Officer's wife denied probe report on covert Army unit

The information commissioner had carried out an in-camera hearing to peruse the file containing Lt Gen Bhatia’s report.

NEW DELHI: THE Central Information Commission has rejected a plea seeking the disclosure of records related to a controversial now-disbanded covert unit set up by Union minister and former Army chief V K Singh, saying it would affect the security of the country.

The plea was filed by Aparna Datta Bakshi, wife of Colonel Munishwar Nath “Hunny” Bakshi who headed the Technical Support Division (TSD), seeking a report submitted by Lt Gen Vinod Bhatia who had probed the unit’s operations. “The commission strongly believes that if information of this nature is put in the public domain, it will invite  unnecessary speculation and will have substantive bearing on national security and will have international implications,” said information commissioner Divya Prakash Sinha. “We have to bear in mind that the intelligence gathering mechanism is, by its nature, very sensitive and impinges on the security of the country”.

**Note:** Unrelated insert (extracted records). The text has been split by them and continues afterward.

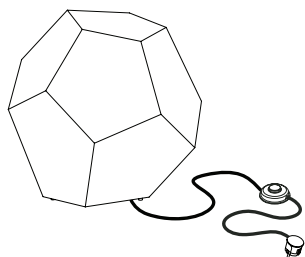

Casino Floor

Socket E27 Metall.

Textilkabel mit Stecker und Fußschalter, Länge 2,5 m

Lieferung ohne Leuchtmittel!

Design Christoph Matthias & Gerd Pfarré 2013

Größe S. ø ca. 37 cm

895,00 Euro

Artikelnummer **10.05** weißes Textilkabel

10.08 rotes Textilkabel

10.09 graues Textilkabel

Größe M. ø ca. 44 cm

990,00 Euro

Artikelnummer **10.06** weißes Textilkabel

10.10 rotes Textilkabel

10.11 graues Textilkabel

Größe L. ø ca. 56 cm

1.100,00 Euro

Artikelnummer **10.07** weißes Textilkabel

10.12 rotes Textilkabel

10.13 graues Textilkabel

Empfohlenes Leuchtmittel

Artikelnummer **91.01 oder 91.03**

Andere Textilkabelfarben und -längen auf Anfrage

The information commissioner had carried out an in-camera hearing to peruse the file containing Lt Gen Bhatia’s report. Sinha said the report of the board of officers had brought out various objectives of the TSD, details of its methodology, tradecraft as well as operational expenditure of the Secret Service Fund. “The commission observes after the perusal of documents/files that invoking Section 10 of the RTI Act is not possible in this case because various issues finding mention in the reports/files shown to the commission are interlinked and any disclosure would compromise the strategic security of the country,” said Sinha.